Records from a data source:
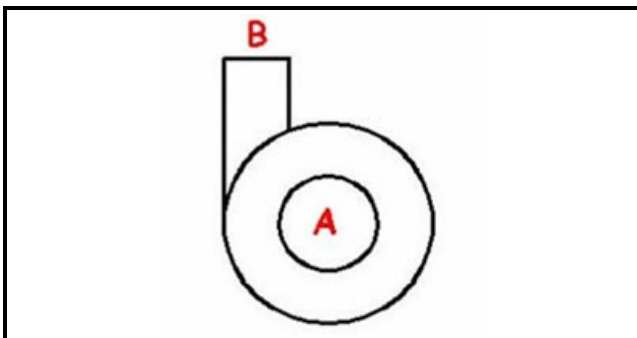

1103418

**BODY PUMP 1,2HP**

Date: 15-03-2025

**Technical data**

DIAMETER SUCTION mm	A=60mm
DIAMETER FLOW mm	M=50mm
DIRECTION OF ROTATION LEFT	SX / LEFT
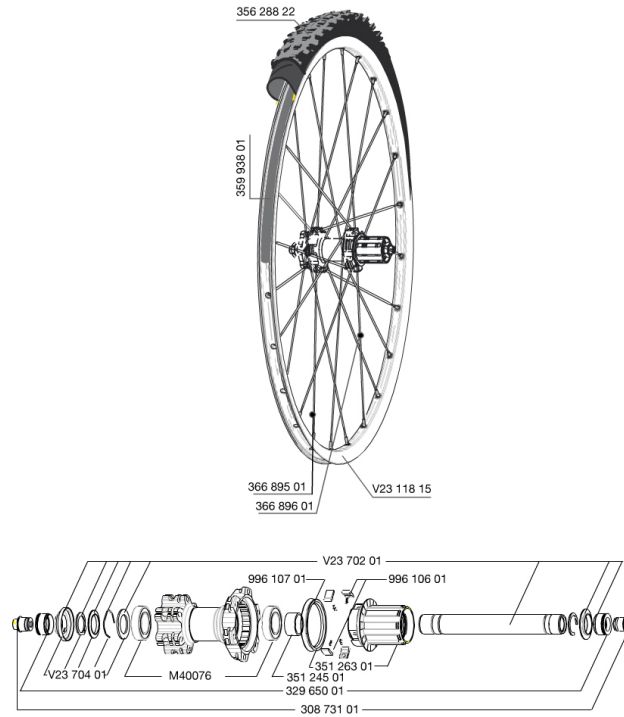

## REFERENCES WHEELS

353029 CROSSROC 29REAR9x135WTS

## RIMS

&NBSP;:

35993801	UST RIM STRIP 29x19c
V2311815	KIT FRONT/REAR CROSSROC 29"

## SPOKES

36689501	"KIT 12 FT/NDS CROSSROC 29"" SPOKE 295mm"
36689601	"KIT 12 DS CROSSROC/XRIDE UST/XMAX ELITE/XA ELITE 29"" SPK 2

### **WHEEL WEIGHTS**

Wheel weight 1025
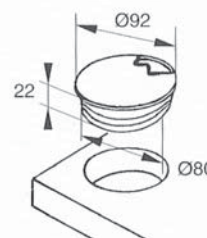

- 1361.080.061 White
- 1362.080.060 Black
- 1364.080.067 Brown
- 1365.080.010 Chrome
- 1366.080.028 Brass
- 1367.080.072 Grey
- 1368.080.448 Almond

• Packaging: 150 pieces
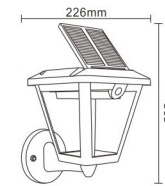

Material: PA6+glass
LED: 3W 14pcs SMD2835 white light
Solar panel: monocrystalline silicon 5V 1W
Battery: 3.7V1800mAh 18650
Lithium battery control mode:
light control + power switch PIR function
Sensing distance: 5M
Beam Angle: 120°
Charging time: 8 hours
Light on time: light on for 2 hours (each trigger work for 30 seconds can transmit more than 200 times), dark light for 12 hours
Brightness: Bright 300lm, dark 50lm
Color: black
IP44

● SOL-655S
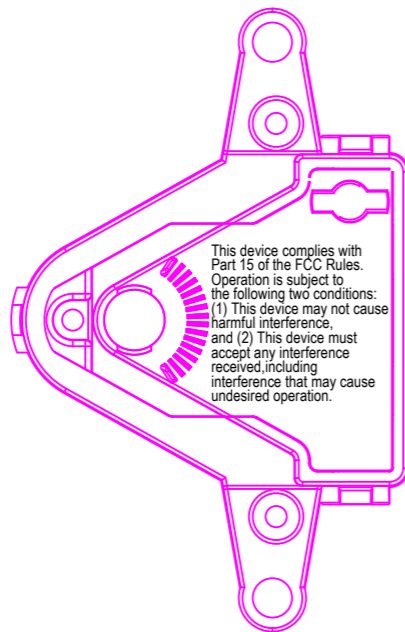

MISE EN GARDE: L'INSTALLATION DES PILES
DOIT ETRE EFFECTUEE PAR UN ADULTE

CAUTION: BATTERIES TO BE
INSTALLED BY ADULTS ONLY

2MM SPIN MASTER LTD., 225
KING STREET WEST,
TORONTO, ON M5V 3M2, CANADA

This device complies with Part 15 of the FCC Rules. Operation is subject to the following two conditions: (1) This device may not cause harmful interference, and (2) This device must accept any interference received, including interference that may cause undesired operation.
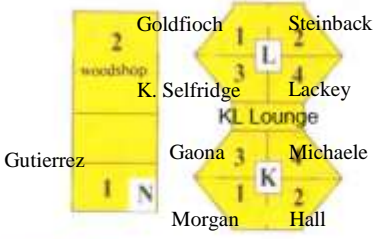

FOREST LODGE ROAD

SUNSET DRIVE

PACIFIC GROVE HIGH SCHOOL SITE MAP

...

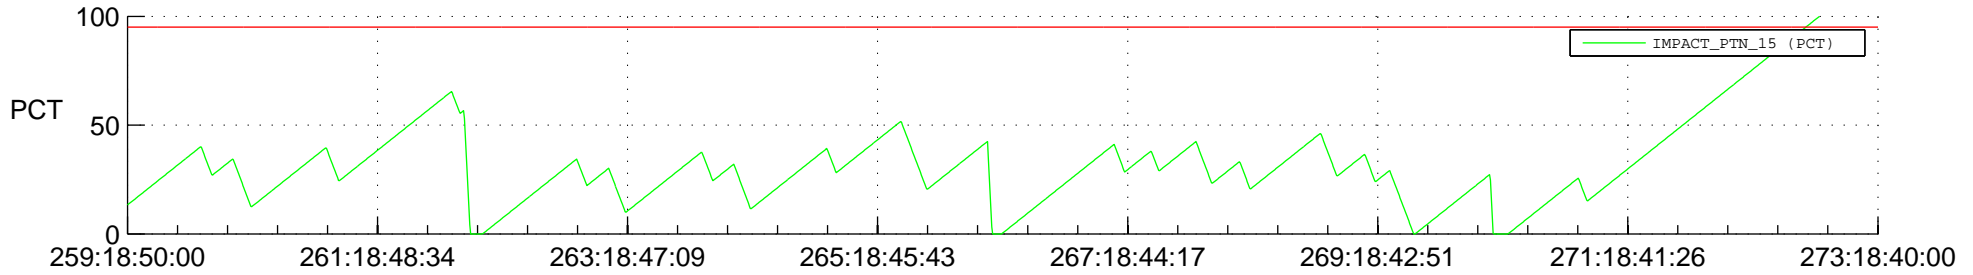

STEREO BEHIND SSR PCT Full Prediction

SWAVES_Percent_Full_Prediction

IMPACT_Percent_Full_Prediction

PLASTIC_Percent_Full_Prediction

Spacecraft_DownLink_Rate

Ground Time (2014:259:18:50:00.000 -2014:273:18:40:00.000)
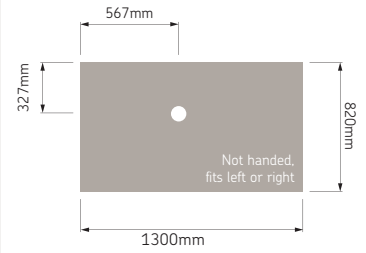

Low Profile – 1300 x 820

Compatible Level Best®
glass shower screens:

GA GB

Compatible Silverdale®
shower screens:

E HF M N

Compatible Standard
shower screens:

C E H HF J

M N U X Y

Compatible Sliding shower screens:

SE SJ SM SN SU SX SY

About this exercise: Starting at the line above with "DIRECTION OF ROTATION", output every line exactly up to and including the line with "PACIFIC GROVE HIGH SCHOOL SITE MAP", but none of the pictures.

Solution to this exercise:
DIRECTION OF ROTATION LEFT	SX / LEFT

## REFERENCES WHEELS

353029 CROSSROC 29REAR9x135WTS

## RIMS

&NBSP;:

35993801	UST RIM STRIP 29x19c
V2311815	KIT FRONT/REAR CROSSROC 29"

## SPOKES

36689501	"KIT 12 FT/NDS CROSSROC 29"" SPOKE 295mm"
36689601	"KIT 12 DS CROSSROC/XRIDE UST/XMAX ELITE/XA ELITE 29"" SPK 2

### **WHEEL WEIGHTS**

Wheel weight 1025

- 1361.080.061 White
- 1362.080.060 Black
- 1364.080.067 Brown
- 1365.080.010 Chrome
- 1366.080.028 Brass
- 1367.080.072 Grey
- 1368.080.448 Almond

• Packaging: 150 pieces

Material: PA6+glass
LED: 3W 14pcs SMD2835 white light
Solar panel: monocrystalline silicon 5V 1W
Battery: 3.7V1800mAh 18650
Lithium battery control mode:
light control + power switch PIR function
Sensing distance: 5M
Beam Angle: 120°
Charging time: 8 hours
Light on time: light on for 2 hours (each trigger work for 30 seconds can transmit more than 200 times), dark light for 12 hours
Brightness: Bright 300lm, dark 50lm
Color: black
IP44

● SOL-655S

MISE EN GARDE: L'INSTALLATION DES PILES
DOIT ETRE EFFECTUEE PAR UN ADULTE

CAUTION: BATTERIES TO BE
INSTALLED BY ADULTS ONLY

2MM SPIN MASTER LTD., 225
KING STREET WEST,
TORONTO, ON M5V 3M2, CANADA

This device complies with Part 15 of the FCC Rules. Operation is subject to the following two conditions: (1) This device may not cause harmful interference, and (2) This device must accept any interference received, including interference that may cause undesired operation.

FOREST LODGE ROAD

SUNSET DRIVE

PACIFIC GROVE HIGH SCHOOL SITE MAP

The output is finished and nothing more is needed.